Your instructions: Across the entries, how many lines have the string "Überwachungsfeldhöhe" in them? Reply with only a number.

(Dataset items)
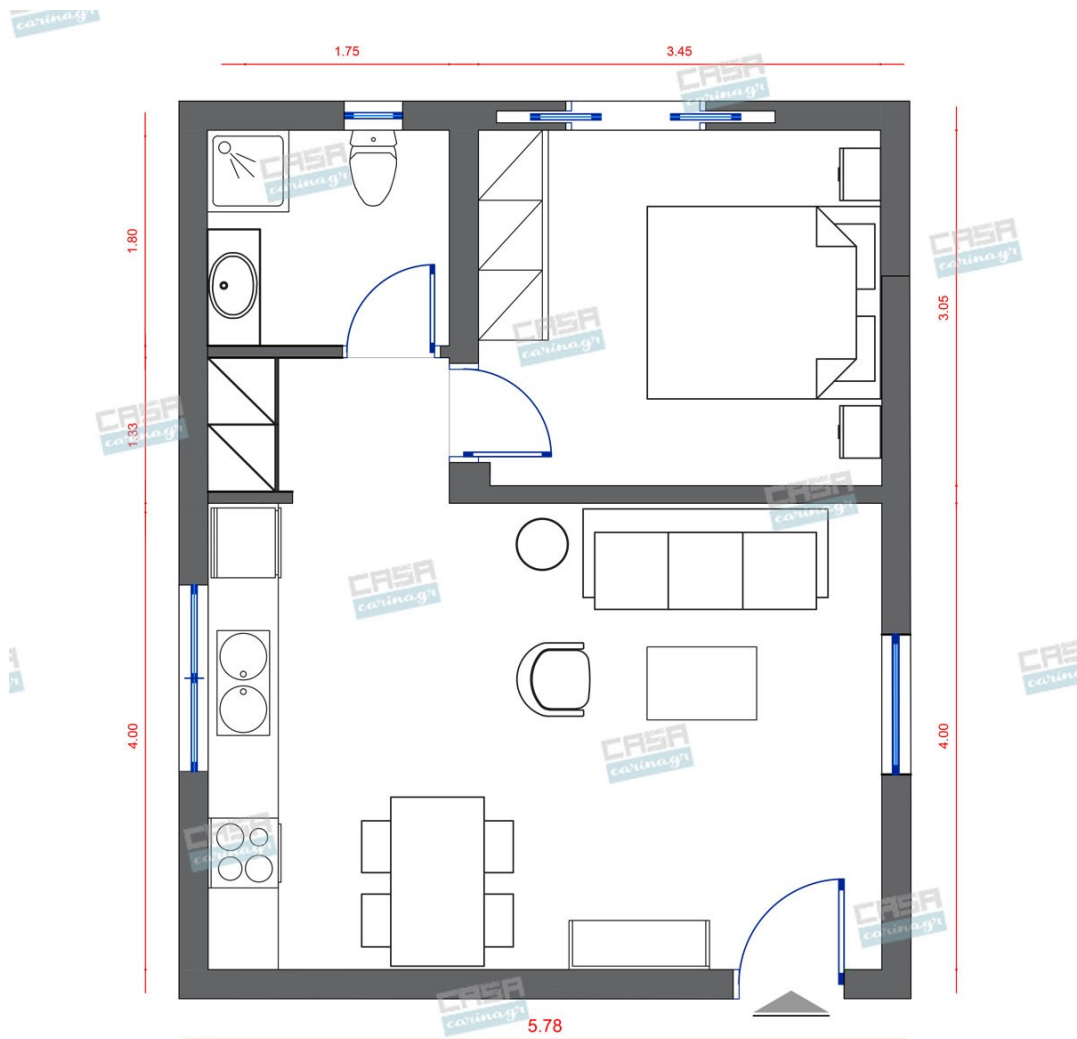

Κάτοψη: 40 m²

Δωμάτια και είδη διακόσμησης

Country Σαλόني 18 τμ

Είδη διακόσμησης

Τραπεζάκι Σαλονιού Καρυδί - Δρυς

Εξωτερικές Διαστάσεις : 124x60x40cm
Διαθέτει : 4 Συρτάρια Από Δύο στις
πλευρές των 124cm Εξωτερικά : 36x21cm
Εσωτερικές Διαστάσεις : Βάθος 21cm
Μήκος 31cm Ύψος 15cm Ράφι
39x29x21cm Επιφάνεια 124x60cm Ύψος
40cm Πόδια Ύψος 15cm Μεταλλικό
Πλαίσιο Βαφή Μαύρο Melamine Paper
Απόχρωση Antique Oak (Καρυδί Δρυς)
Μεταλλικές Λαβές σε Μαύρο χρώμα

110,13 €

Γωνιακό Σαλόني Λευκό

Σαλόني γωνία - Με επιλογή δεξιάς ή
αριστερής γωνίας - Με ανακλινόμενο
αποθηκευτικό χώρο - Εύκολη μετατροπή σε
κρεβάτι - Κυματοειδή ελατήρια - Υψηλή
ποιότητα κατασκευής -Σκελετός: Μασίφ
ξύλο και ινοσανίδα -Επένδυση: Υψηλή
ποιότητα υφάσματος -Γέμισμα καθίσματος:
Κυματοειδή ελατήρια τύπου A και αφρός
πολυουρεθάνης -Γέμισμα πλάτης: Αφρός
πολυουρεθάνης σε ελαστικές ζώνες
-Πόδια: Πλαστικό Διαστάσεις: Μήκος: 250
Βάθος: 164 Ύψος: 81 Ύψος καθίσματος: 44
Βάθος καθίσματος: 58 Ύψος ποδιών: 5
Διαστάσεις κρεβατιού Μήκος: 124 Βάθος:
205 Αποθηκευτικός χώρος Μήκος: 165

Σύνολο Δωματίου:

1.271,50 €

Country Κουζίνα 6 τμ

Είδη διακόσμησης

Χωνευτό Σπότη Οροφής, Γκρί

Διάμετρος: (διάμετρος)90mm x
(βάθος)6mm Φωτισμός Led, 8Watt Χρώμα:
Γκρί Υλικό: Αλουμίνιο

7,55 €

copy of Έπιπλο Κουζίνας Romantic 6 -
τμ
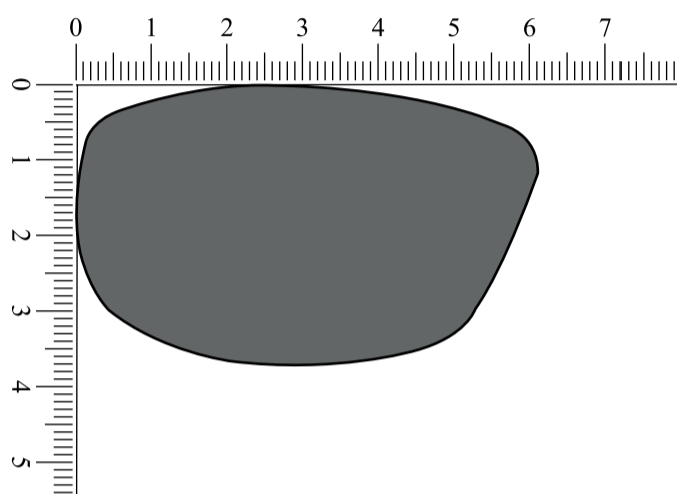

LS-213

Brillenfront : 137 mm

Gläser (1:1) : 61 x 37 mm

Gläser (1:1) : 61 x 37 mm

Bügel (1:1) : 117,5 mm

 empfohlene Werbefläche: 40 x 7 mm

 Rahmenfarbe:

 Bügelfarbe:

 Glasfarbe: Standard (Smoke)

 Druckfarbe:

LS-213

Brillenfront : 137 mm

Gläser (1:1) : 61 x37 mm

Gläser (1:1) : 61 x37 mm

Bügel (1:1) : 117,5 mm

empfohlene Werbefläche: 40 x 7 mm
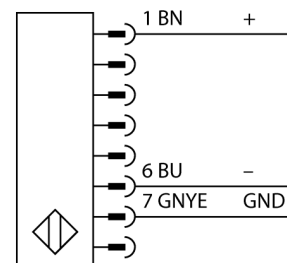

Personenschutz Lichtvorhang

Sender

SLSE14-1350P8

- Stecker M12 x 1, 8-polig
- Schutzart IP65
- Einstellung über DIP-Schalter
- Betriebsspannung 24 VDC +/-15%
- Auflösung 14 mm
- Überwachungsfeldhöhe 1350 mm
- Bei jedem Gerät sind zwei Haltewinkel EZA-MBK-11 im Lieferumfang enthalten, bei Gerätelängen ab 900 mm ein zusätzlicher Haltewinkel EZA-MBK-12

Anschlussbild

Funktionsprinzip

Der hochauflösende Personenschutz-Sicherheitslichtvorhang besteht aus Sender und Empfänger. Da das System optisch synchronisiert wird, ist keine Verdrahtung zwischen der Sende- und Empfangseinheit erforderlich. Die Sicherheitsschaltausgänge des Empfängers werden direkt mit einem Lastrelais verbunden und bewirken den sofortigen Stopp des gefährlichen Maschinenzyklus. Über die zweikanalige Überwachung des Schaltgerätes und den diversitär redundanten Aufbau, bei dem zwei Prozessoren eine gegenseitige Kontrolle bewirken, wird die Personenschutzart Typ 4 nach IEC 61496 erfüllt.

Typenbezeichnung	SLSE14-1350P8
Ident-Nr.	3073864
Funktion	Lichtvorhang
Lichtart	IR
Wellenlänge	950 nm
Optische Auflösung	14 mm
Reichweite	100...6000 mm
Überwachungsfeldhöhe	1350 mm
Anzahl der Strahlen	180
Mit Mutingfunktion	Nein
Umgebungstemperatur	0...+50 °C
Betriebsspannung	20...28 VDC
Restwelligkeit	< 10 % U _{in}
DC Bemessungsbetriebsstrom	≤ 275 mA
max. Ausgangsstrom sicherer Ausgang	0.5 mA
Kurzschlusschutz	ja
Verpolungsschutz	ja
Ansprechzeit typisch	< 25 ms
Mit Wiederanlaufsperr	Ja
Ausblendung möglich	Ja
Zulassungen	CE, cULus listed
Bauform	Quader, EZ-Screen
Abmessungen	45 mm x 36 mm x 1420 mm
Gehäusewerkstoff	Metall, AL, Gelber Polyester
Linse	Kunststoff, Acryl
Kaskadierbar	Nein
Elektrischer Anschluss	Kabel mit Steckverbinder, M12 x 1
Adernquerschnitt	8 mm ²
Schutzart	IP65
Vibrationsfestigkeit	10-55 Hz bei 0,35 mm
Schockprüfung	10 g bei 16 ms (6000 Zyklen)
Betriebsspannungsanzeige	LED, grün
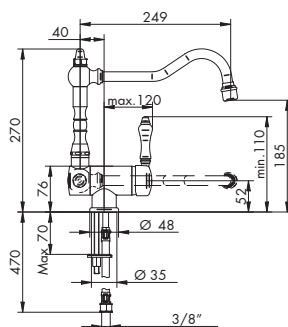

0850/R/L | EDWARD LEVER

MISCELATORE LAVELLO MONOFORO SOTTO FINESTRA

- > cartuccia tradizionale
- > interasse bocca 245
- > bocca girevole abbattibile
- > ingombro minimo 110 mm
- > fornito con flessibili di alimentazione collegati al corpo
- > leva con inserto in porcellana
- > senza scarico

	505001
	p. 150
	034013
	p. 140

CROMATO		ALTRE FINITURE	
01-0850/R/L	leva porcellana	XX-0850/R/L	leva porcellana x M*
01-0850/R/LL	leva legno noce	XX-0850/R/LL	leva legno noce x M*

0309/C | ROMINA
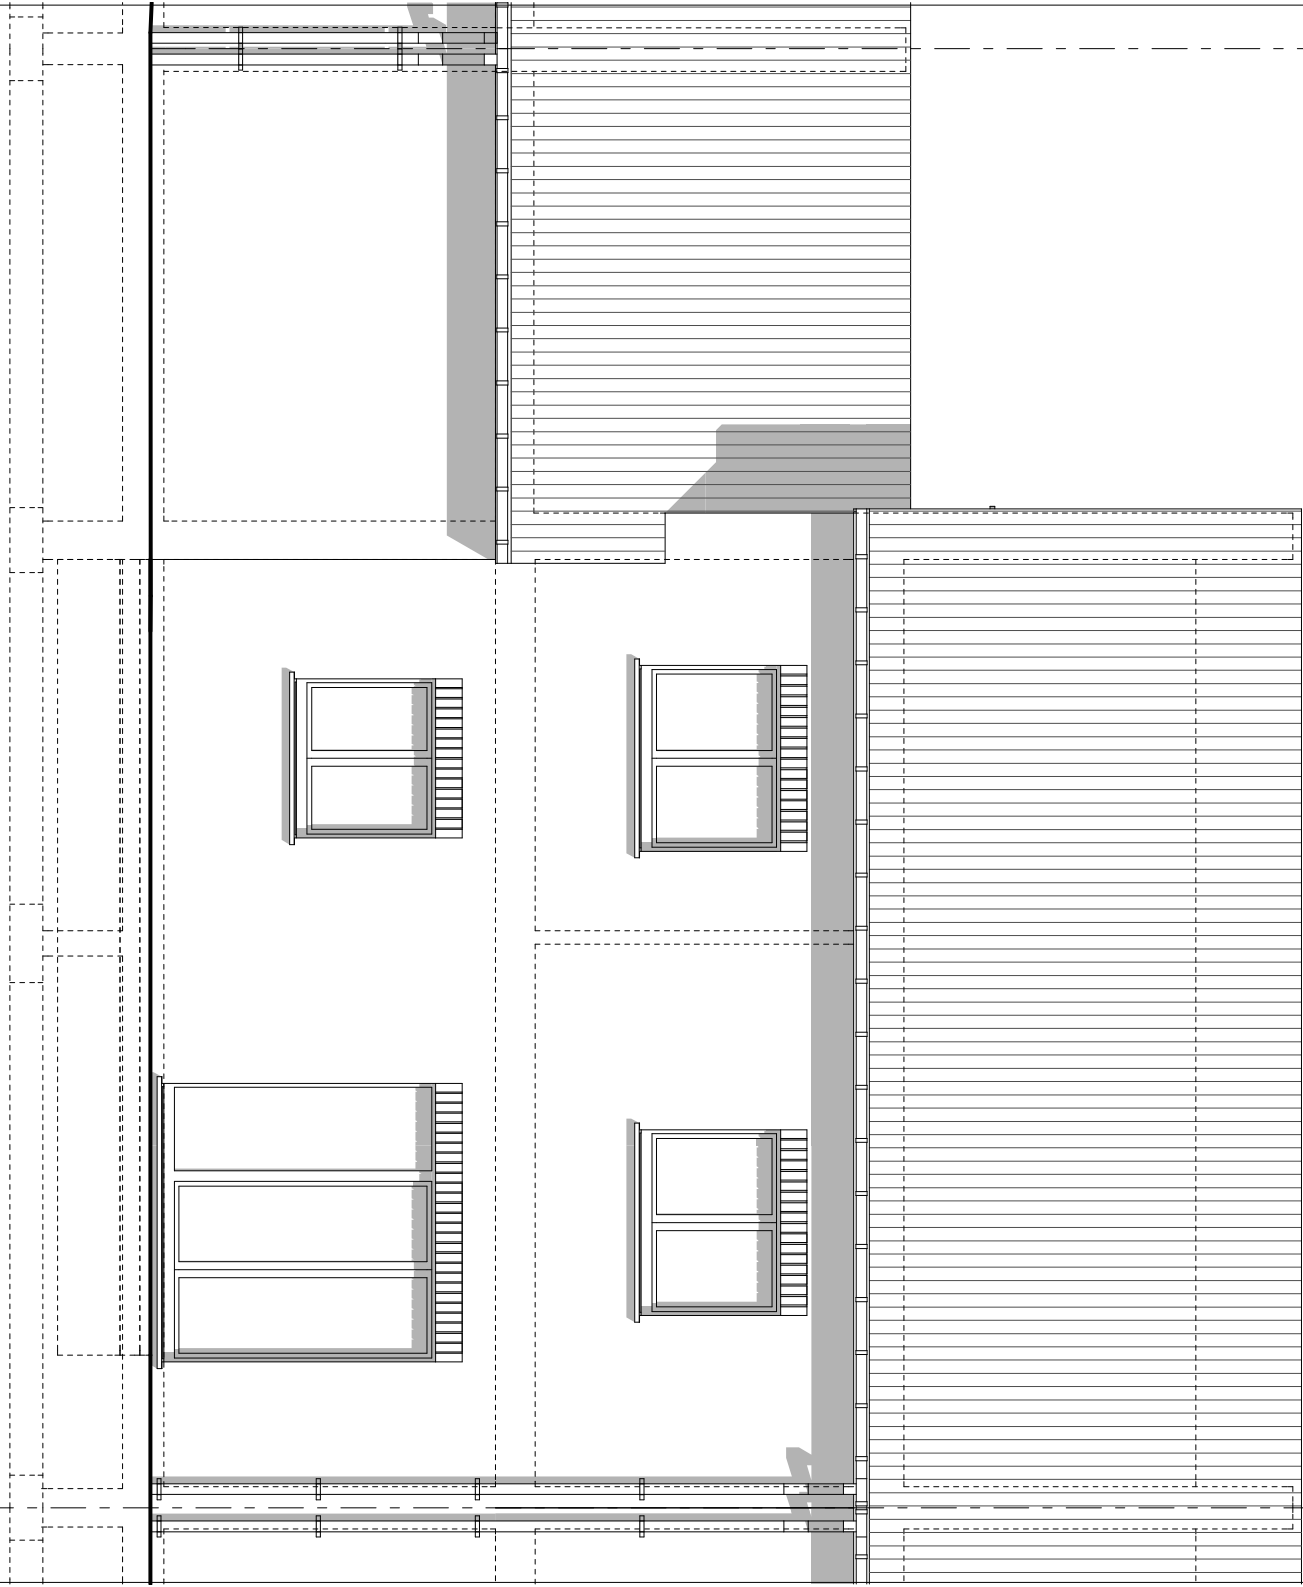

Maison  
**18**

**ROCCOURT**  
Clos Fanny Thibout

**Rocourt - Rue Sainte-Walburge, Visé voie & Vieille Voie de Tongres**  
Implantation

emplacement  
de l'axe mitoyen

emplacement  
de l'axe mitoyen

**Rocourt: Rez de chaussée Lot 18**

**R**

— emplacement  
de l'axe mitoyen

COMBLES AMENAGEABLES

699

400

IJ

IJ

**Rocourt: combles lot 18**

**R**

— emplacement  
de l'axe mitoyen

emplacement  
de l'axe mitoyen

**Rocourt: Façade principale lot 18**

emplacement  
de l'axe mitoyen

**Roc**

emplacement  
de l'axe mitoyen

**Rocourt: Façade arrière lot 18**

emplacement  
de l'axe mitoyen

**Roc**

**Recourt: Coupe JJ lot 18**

Response to this exercise: 2